Adventures of the Lankaran Khanate Vizier is the third comedy of the Azerbaijani writer and playwright Mirza Fatali Akhundov, written in 1851. This is the first dramatic work played on the stage of the Azerbaijani theatre.

The comedy satirizes the corrupt and tyrannical rulers of the khanates of the times on the eve of the Russian occupation. Actions take place in 1800–1801. The vizier of the Lankaran Khan, Mirza Habib, is presented as a tyrant outside the walls of his house, with the exception of the ruler, before whom he humiliates himself. However, by his own women he is humiliated and deceived. Also, in the comedy, against the background of the palace and family intrigues, the selfless love of the vizier's sister-in-law Nisa-khanum and the nephew of the khan Teimur-aga is shown.

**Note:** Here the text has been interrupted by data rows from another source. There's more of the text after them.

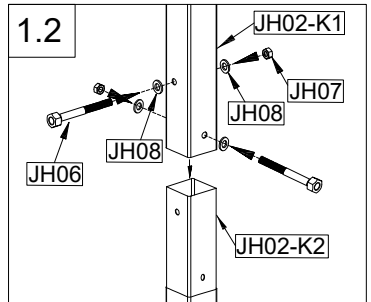

CASANOVO

RAZO 300B180

INSTRUCTION MANUAL / NOTICE DE MONTAGE / MONTAGEANLEITUNG / MANUAL DE MONTAJE / MANUAL DE MONTAGEM / MANUALE DI MONTAGGIO /
MONTAGEHANDLEIDING / INSTRUKCJA MONTAŻU / KÄYTTÖOHJEET / BRUKSANVISNING / BRUGSANVISNING / INSTRUCȚIUNI DE ASAMBLARE /
NAVODILA ZA SESTAVLJANJE / NÁVOD NA MONTÁŽ / ÖSSZESZERELÉSI ÚTMUTATÓ / NÁVOD K MONTÁŽI / UPUTE ZA INSTALACIJU /
ΟΔΗΓΙΕΣ ΣΥΝΑΡΜΟΛΟΓΗΣΗΣ / SURINKIMO INSTRUKCIJOS / MONTĀŽAS INSTRUKCIJAS

PICTURES	REF-PCS	SIZE	QUANTITY
	JH01-K1	1410×596mm	1
	JH01-K2	1410×578mm	1
	JH01-K3	1410×596mm	1
	JH01-K4	1410×596mm	1
	JH01-K5	1410×578mm	1
	JH01-K6	1410×596mm	1
	JH02-K1	60×60×1335mm	2
	JH02-K2	60×60×1335mm	2
	JH03	20×10mm	8
	JH04	24×1mm	8
	JH05	12×120mm	4
	JH06	10×80mm	4
	JH07	20×7mm	4
	JH08	20×1mm	8
	JH09	8×55mm	16
	JH10	17×1mm	32
	JH11	15×5mm	16
	JH12	18×110×105mm	1
	JH13	18×37×105mm	1
	JH14	22×45mm	3
	JH15	6×35mm	2
	JH16	30×173mm	1
	JH17	12×245mm	1
	JH18	23×140mm	1
	JH19	23×140mm	1
	JH20	6×20mm	2
	JH21	60×95×145mm	1
	JH22	3×18×52mm	1

CASANOVA

	JH06	10×80mm	4
	JH07	20×7mm	4
	JH08	20×1mm	8

	JH09	8×55mm	8
	JH10	17×1mm	16
	JH11	15×5mm	8

	JH09	8×55mm	8
	JH10	17×1mm	16
	JH11	15×5mm	8

	JH12	18×110×105mm	1
	JH13	18×37×105mm	1
	JH14	22×45mm	3
	JH22	3×18×52mm	1

CASANOVO

	JH15	6×35mm	2
	JH16	30×173mm	1

	JH17	12×245mm	1
	JH18	23×140mm	1
	JH19	23×140mm	1
	JH20	6×20mm	2

	JH03	20×10mm	8
	JH04	24×1mm	8
	JH05	12×120mm	4

	JH21	60×95×145mm	1
---	-------------	-------------	---

== History of the writing, translations and editions ==
The comedy was written in 1267 Hijri, which corresponds to either 1850 or 1851. Nevertheless, the 1853 publications show that it was written precisely in 1851. The original title of the comedy was "The Adventures of the Vizier of the Sarab Khanate". Under this title, in 1853, the comedy was published in the newspaper Kavkaz. In the same year, in the translation of the author himself, the comedy was published in Russian in Tiflis in the collection called “The Comedies of Mirza Fat-Ali Akhundov”.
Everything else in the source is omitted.